Lost Among the Stars

Home > Other > Lost Among the Stars > Page 3
Lost Among the Stars Page 3

by Paul Di Filippo


  This was the final expression of the shattering truth no one had ever revealed while we lived below, but which Odile and I quickly learned upon our last ascension.

  Up until the eleventh level, there was no sense of competition in our culture’s beauty worship, except perhaps with one’s self. I did not lose out just because X or Y was also promoted to another level. Their achievement honored Aglaia equally with mine. And all my success was grounded in my own efforts. My only rival was sloth and ineptitude, my only limits the raw genetic heritage my parents had conferred. (And I swear, I did think with gratitude from time to time of my mother’s genes, so exemplary in recombination with my never-known father’s seed, although those same dictatorial twists of inheritance had betrayed her, with that harelip and blobby nose and lips.)

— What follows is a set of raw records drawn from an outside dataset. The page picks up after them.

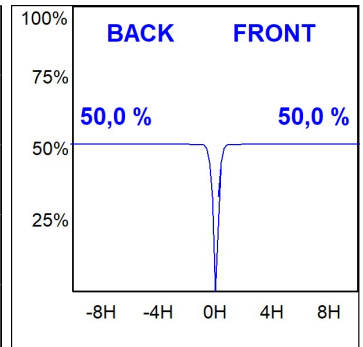

HD2SR20SP930NW

HANCE G2 DOWN SEMIREC 2000 9WW SP WH

Description:

Downlight semi-encastré multidirectionnel modèle HANCE G2 DOWN SEMIREC 2000 de la marque LAMP. Il permet une rotation de 355° et une inclinaison jusqu'à 85°. Corps et cadre en aluminium injecté pour une bonne gestion thermique. Anneau anti-éblouissement en polycarbonate noir moulé par injection. Réflecteur en polycarbonate.spot 20°. Modèle avec LED COB, avec une température de couleur 4000K et IRC90. Équipement électronique ON OFF incorporé. Avec niveau de protection IP20, IK07. Classe d'isolation II. Durée de vie: 72.000 L80B10 (Ta=25°C). Finitions disponibles: blanc texturé et noir texturé.

Finition: Blanc texturé RAL 9010

Installation: Encastré

SPÉCIFICATIONS TECHNIQUES:

Flux lumineux:	1.889 lm	°K :	3000
Plum:	20,8W	IRC :	90
Efficacité:	90,8 lm/w	R9 :	60
UGR:	<19	MacAdam:	3
Type:	COB	Alimentation:	220-240V 50/60Hz
Durée de vie LED:	72.000 L80B10 (Ta=25°C)	Équipement:	Électronique
Puissance:	18W		

Tolérance de flux lumineux +/- 10%

OPTIONS PERSONNALISABLES:

HD2SR20SP930NW

HANCE G2 DOWN SEMIREC 2000 9WW SP WH

DONNÉES PHOTOMÉTRIQUES :

HD2SR20SP930NW
 $\eta = 100\%$
 $I_{max} = 4956 \text{ cd/klm}$
 UTE:
 CIE: 102 100 100 100 100
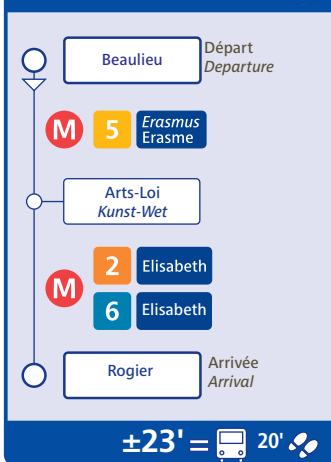

- Cambio - Voiture Partagée
Cambio - Carsharing
- Villo!
- Points de vente
Sales points

bruxellesmobilité
mobiëlbrussel

Cartographie STIB-DOT
Cartografy STIB-DOT

Réalisé avec Brussels UrbIS©
Distribution & Copyright CIRB
Realised with Brussels UrbIS©
Distribution & Copyright CIBG

n°004j Edition - 2014.09
Réseau 01.09.2014 Network

Jonction ferroviaire Nord-Midi / North-South railway connection

Depuis From **Bruxelles-Midi**
Brussel-Zuid

Depuis From **Bruxelles-Central**
Brussel-Centraal

Depuis From **Bruxelles-Schuman**
Brussel-Schuman

Depuis From **Brussels Airport**

Depuis From **Beaulieu**

Depuis From **Merode**

Depuis From **Da Vinci**

Depuis From **Trône**
Troon

Fréquences / Frequencies

PM = Heure de pointe du Matin / Morning peak
C = Heure creuse / Off-peak
PS = Heure de pointe du soir / Evening peak
Attente maximum / Maximum waiting time

Alternatives / Alternatives

Parking :
gratuit : CERIA/COOVI, Kraainem, Delta, Herrmann-Debroux, Roodebeek, Stalle
payant : Arts-Loi/Kunst-Wet, Erasme, Montgomery
Parking vélo :
Gare Centrale, Mérode
En Taxi :
Possibilité de prendre un taxi à la gare Centrale, aux stations de métro Schuman et Mérode et à l'aéroport de Bruxelles National (BIAC).
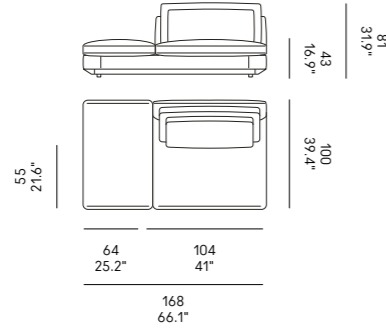

PROMEMORIA / REMINDER / RAPPEL / ERINNERUNG / RECORDATORIO

IT — Nell'ordine indicare il colore del telaio di alluminio
EN — When ordering, specify the color of the aluminium frame
FR — Dans la commande, indiquer la couleur du cadre en aluminium
DE — Bei der Bestellung ist die Farbe des Aluminiumrahmens anzugeben
ES — Al hacer el pedido, especifique el color del marco de aluminio

View
frame
colors

SSX

profondità
depth
profondeur
Tiefe
profundidad

100 cm
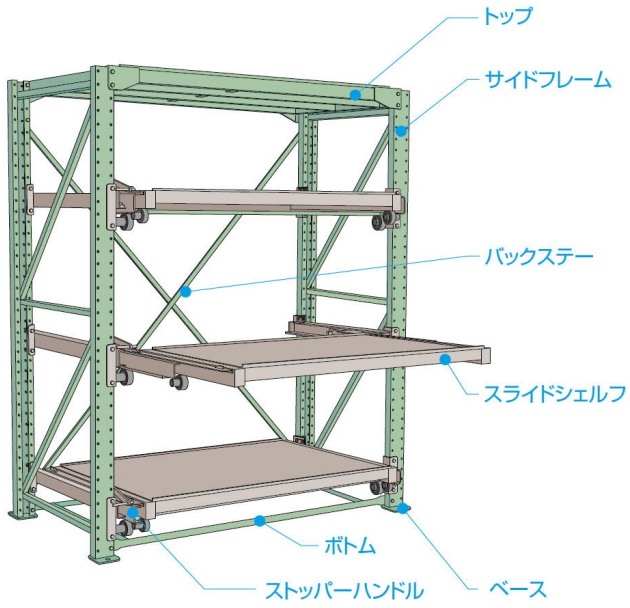

ムラテックKDS(株)
スライドラックボトム1,000kg、900W用SSR1090BTP

※この画像はシリーズ代表画像になります。

ブランド名

ムラテックKDS

商品名

スライドラックボトム1,000kg、900W用

型式

SSR1090BTP

品番

取付用ボルトナットが含まれます。

スペック

高さ：
間口：
ストローク：
耐荷重：

  But upon consecration to the twelfth level of Aesthetica’s pyramid—a stratospheric space more cloistered and compact than any other level, of course, a condition which helped foment a hothouse sense of competition—there was no further opportunity for any individual to reach a new plateau. We were all the cream of the crop, perfected. Those meaningless ones below us could no longer serve as our foils. We were like a drawer full of sharp, polished, gem-handled knives, with nothing to cut except each other.

  Where, then, did the competition emerge, to bedevil us aimless, high-status citizens?

  In the office of Prime Allure.

  One man, one woman, each deemed the literal apex of beauty.

  And who would judge such an honor? In the realms below, the judges had been learned men and women, preceptors of Aglaia. But here, due to the general youthfulness of the citizens elevated to the twelfth, there were no experienced judges. The award would have to be conferred by a general vote.

  And so the twelfth became a swamp of intrigue and alliances, treachery and chicanery, as we all sought the final honor.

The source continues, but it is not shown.